Я стал смотреть во тьму и скоро
увидел молочное мерцание.
Раздвигая воду, она возвращалась.
6.
Черные зрачки сосков, мокрая
арабская вязь на лбу. Прижалась
вся: бедрами, животом, грудью —
скользкие плечи в помарках ряски.
Одежда намокла, но сквозь холодный
хлопок хлынуло тепло. Оно
разливалось как темное молоко
по всему телу. И я закрыл глаза.
Тысячи темных аллей,
где огни вспыхивают и гаснут
во влажных еловых складках,
расходились лучами во все стороны.
А мы стояли на мокрых сходнях
и теплый торфяной воздух
стягивал кожу, как бинт, все туже —
и боялись пошевелиться.
А. Г.: То есть, когда Вы пишете даже большую вещь, Вы не думаете об этом, как думают о композиции пьесы, например. Вы просто пишете, следуя внутреннему чувству того, куда это всё идёт?..
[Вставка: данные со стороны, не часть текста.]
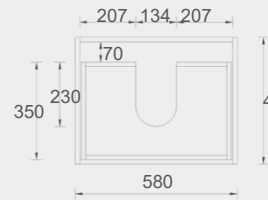

WH76-600
Size: 580x455x520mm

WH76-750L
Size: 730x455x520mm

WH76-750R
Size: 730x455x520mm

WH76-900L
Size: 880x455x520mm

WH76-900R
Size: 880x455x520mm

WH76-1200
Size: 1180x455x520mm

WH76-1200D
Size: 1180x455x520mm

Phoenix Stone Sunny Stone Ava Stone Esme Stone

- For more details, please refer to page 64 to 67.

Specification

CORE-600
Size: 580x455x855mm

CORE-750
Size: 730x455x855mm

CORE-900
Size: 880x455x855mm

CORE-1200
Size: 1180x455x855mm

CORE-1200D
Size: 1180x455x855mm

CORE-1500
Size: 1480x455x855mm

CORE-1500D
Size: 1480x455x855mm

Mina Collection

Vanity: **Mina – Natural Timber – 1200mm**
Vanity Top: **Phoenix**
Basin: **CB – 151 – Gloss White**
LED Shaving Cabinet: **Amber – 1200mm**
Tallboy: **Aspen – Natural Timber**

Esmé Stone

- For more details, please refer to page 64 to 67.

Specification

SYWH04-600
Size: 580x455x520mm

SYWH04-750
Size: 730x455x520mm

SYWH04-900
Size: 880x455x520mm

SYWH04-1200
Size: 1180x455x520mm

SYWH04-1200D
Size: 1180x455x520mm
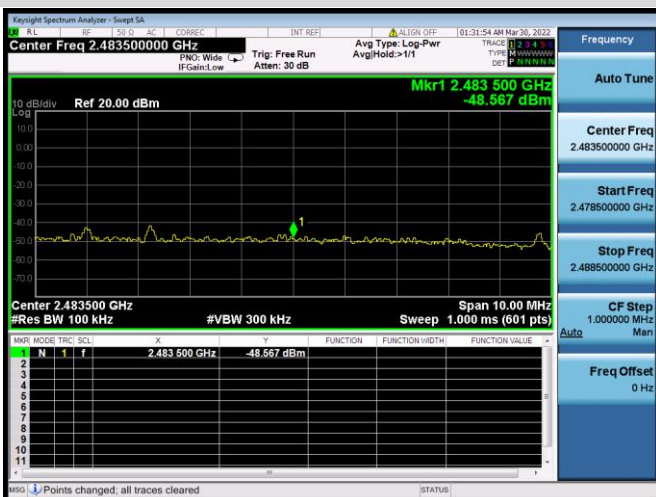

802.11ax-20 MHz(SU) CHANNEL 2, REFERENCE LEVEL

802.11ax-20 MHz(SU) CHANNEL 2, BAND EDGE

802.11ax-20 MHz(SU) CHANNEL 3, CARRIER LEVEL

802.11ax-20 MHz(SU) CHANNEL 3,
REFERENCE LEVEL

802.11ax-20 MHz(SU) CHANNEL 3, BAND EDGE

802.11ax-20 MHz(SU) CHANNEL 4, CARRIER LEVEL

802.11ax-20 MHz(SU) CHANNEL 4,
REFERENCE LEVEL

802.11ax-20 MHz(SU) CHANNEL 4, BAND EDGE

802.11ax-20 MHz(SU) CHANNEL 8, CARRIER LEVEL

802.11ax-20 MHz(SU) CHANNEL 8, REFERENCE LEVEL

802.11ax-20 MHz(SU) CHANNEL 8, BAND EDGE

802.11ax-20 MHz(SU) CHANNEL 9, CARRIER LEVEL

802.11ax-20 MHz(SU) CHANNEL 9,
REFERENCE LEVEL

802.11ax-20 MHz(SU) CHANNEL 9, BAND EDGE

802.11ax-20 MHz(SU) CHANNEL 10, CARRIER
LEVEL
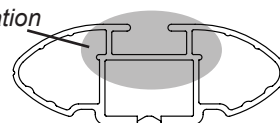

## IDENTIFICATION CHART

VA crossbar

AERO crossbar

EURO crossbar

HD crossbar

Vehicle	Date	Crossbar	Front					Rear						
			Right Pad/ Clamp	Left Pad/ Clamp	Measurement strip length per side	Measurement strip length per side	Measurement Distance ( x )	Foot plate arrow direction	Right Pad/ Clamp	Left Pad/ Clamp	Measurement strip length per side	Measurement strip length per side	Measurement Distance ( x )	Foot plate arrow direction
Holden Cruze 4dr sedan	06/09-	1260mm	M416 SUB0145	M416 SUB0145	163mm	50mm	974mm / 38,11/32"	OUT	M416 SUB0186	M416 SUB0186	144mm	31mm	936mm / 36,55/64"	OUT
			Arrow OUT						Arrow OUT					
Chevrolet Cruze 4dr sedan	2011-	1260mm	M416 SUB0145	M416 SUB0145	163mm	50mm	974mm / 38,11/32"	OUT	M416 SUB0186	M416 SUB0186	144mm	31mm	936mm / 36,55/64"	OUT
			Arrow OUT						Arrow OUT					
Daewoo Lacetti Premiere 4dr sedan	11/08-	1260mm	M416 SUB0145	M416 SUB0145	163mm	50mm	974mm / 38,11/32"	OUT	M416 SUB0186	M416 SUB0186	144mm	31mm	936mm / 36,55/64"	OUT
			Arrow OUT						Arrow OUT					

# DK142 Rhino-Rack VA, Aero, Euro & HD crossbar instruction

**Measurement A:** CENTRE of door jamb to CENTRE arrow of leg foot plate.

**Measurement B:** CENTRE of Front leg foot plate arrow to CENTRE of Rear leg foot plate arrow.

## DK142 Rhino-Rack VA, Aero, Euro & HD crossbar instruction

Crossbar	Slot Length on Aero/ Euro	VA formula (based on Euro/ Aero) 300mm slot
DA106 1060mm	187mm	+110mm
DA1180 1180mm	245mm	+55mm
DA1260 1260mm	187mm	+113mm
DA1375 1375mm	245mm	+55mm
DA1500 1500mm	245mm	+55mm
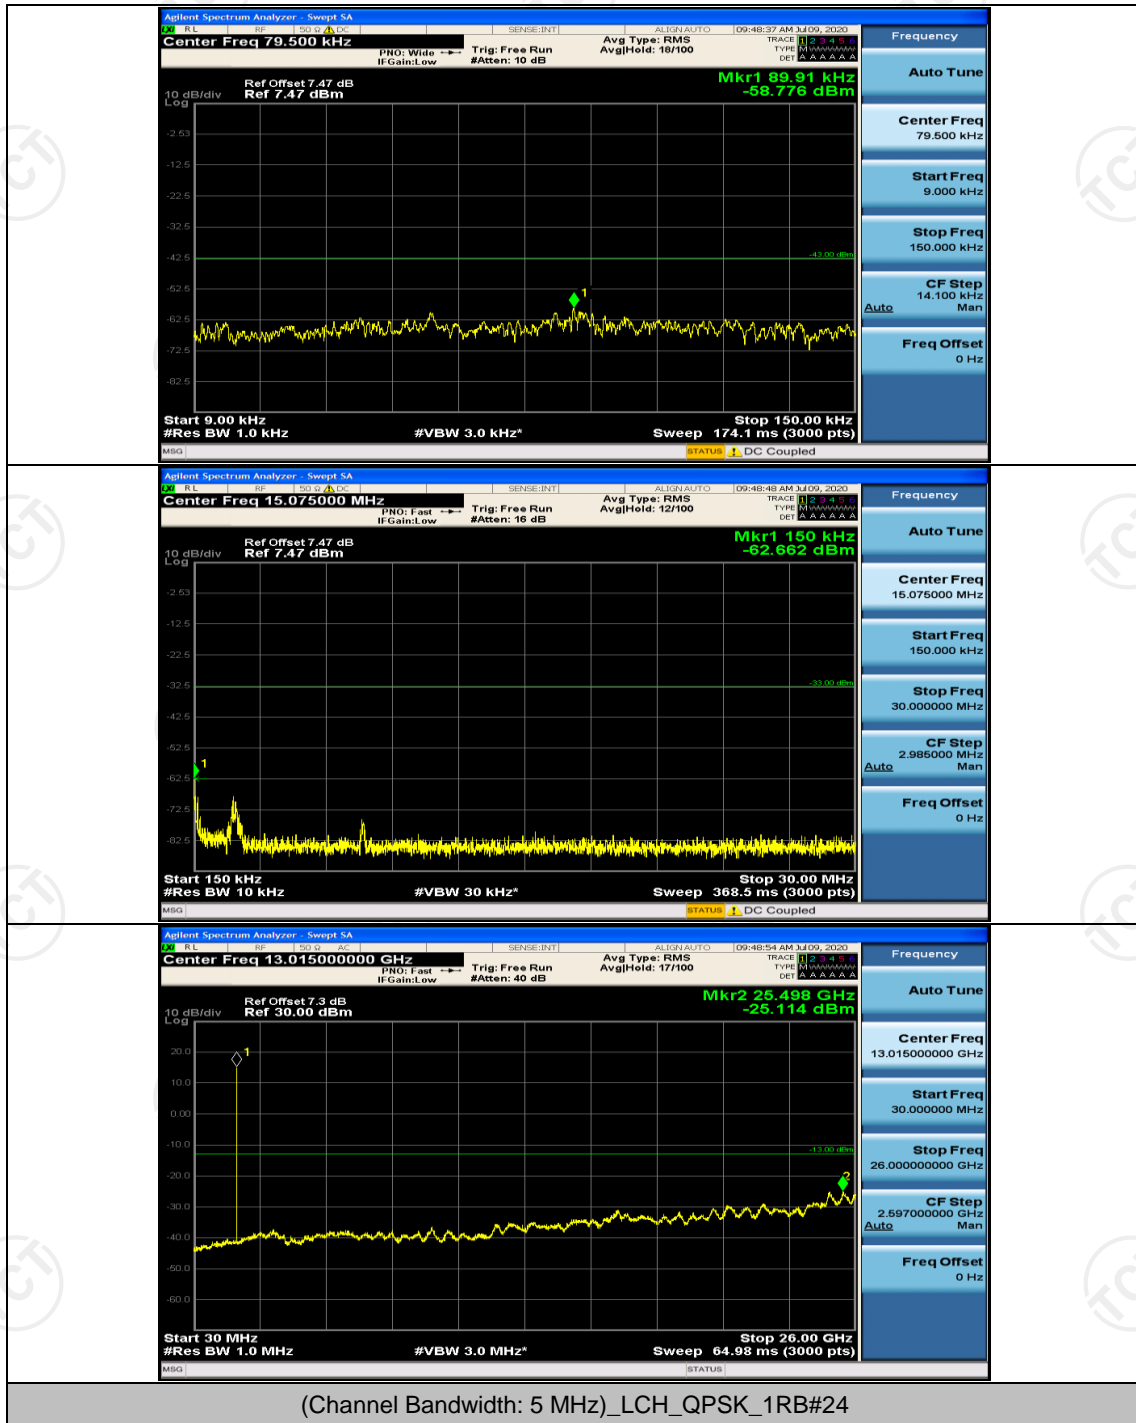

Channel Bandwidth: 5 MHz

(Channel Bandwidth: 5 MHz)\_LCH\_QPSK\_1RB#0

**Channel Bandwidth: 10 MHz**

Channel Bandwidth: 10 MHz\_LCH\_QPSK\_1RB#0

Г. Ш.: Я глубоко уверен в том, что стихотворение само выведет, куда нужно, если ты чувствуешь за плечами уверенность в собственном высказывании. Уверенность возникает, когда у тебя за спиной есть накопленная масса лирического опыта. Эмоций каких-то, переживаний, которые уже отстоялись, созрели, и их пора выпускать, поскольку вовремя выпущенные, они начнут сами искать слова и ритмы, и найденные слова буду их подхлестывать, такой вот вечный двигатель. Если стихотворение вдруг застопоривается, то нужно просто подождать, произойдут какие-то изменения, пройдет время, попросту говоря, и оно пойдёт дальше. Это как запруда по течению, она образуется, но потом снова превращается в реку. И это мне интересно, потому что в каждом случае неизвестно, чем, собственно, дело кончится. Я чувствую, как стихотворение начинает пульсировать, да. Я вижу смутные фигуры, которые должны что-то разыграть в этом стихотворении. Я слышу, чувствую общую атмосферу, вижу отдельные картинки, которые там обязательно должны быть. Но все это свяжет поток, которому нужно просто доверять, как языку, как своим эмоциям, прислушиваться к нему.
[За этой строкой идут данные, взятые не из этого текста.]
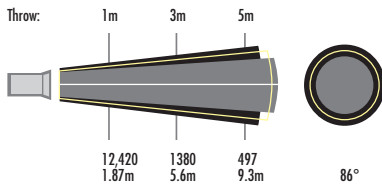

Light Output:

Accessories:

4-leaf barndoor
L2.84240.0

Diffuser frame
L2.84245.0

Floor stand set
L2.84223.0
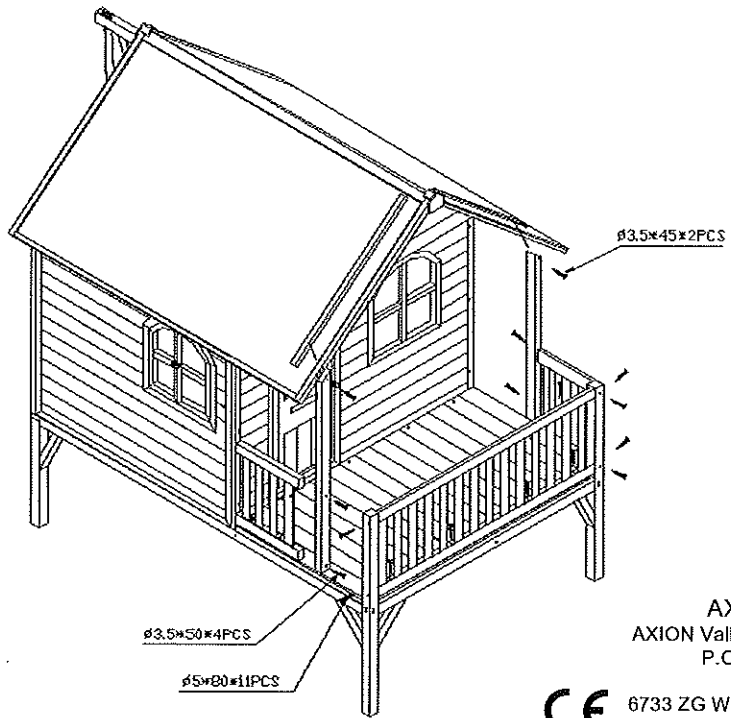

21

AXI.com
AXION Valley B.V.
P.O. Box 7
6733 ZG Wekerom
The Netherlands
+31 318 57 88 00

22

А. Г.: Вы интересную вещь сказали, она мне близка: когда вы пишете, когда стихотворение пишется, у вас зрительные образы идут какие-то, то есть, это как кино?..
Г. Ш.: Да, обязательно есть какие-то картинки, которые всё это скрепляют. Яркие образы, которые тебя не отпускают. Они как такие маяки стоят, ты их видишь. Я вообще думаю, что поэт мыслит картинками, очень часто, по крайней мере. Они — один из методов вытащить наружу твои какие-то внутренние состояния – вытащить через картинки, потому что картинки понятны, наглядны, не врут. Если ты будешь описывать эмоции как Леонид Андреев в духе “волны жгучей тоски захлестывали его”, то это ерунда, это не передается. Как говорил Мережковский применительно к Андрееву, “я знаю, что такое огурец соленый, но что такое волны жгучей тоски…”. Поэтому всякое искусство, и поэзия в том числе… Я хочу сказать, что её основной механизм – это что-то через что-то. Напрямую сказать просто невозможно. Поэзия это бесконечное что-то через что-то. Отсюда, собственно, и метафора как механизм…
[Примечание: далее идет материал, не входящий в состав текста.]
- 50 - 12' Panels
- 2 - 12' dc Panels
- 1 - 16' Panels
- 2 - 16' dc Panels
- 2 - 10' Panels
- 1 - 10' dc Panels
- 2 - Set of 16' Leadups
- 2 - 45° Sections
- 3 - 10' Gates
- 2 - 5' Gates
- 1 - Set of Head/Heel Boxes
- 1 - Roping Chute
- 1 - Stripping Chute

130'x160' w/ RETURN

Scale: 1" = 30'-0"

А. Г.: А всегда ли автор понимает или знает, что за этим стоит, когда вещь пишется?
Г. Ш.: Когда пишется стихотворение из какой-то прошлой – позапрошлой жизни — как «Грановского, 4», скажем, то здесь ты невольно исследуешь свойство памяти, это она устраивает такие сюжетные пируэты. Ну и время, которое как бы заключено между тобою сейчас и теми событиями, это оно, время, работает в качестве двигателя, начинает подталкивать стихотворение, и это безумно интересно. Когда же написано что-то по горячим следам, тут ты пытаешься вывести на чистую воду себя нынешнего, что ли…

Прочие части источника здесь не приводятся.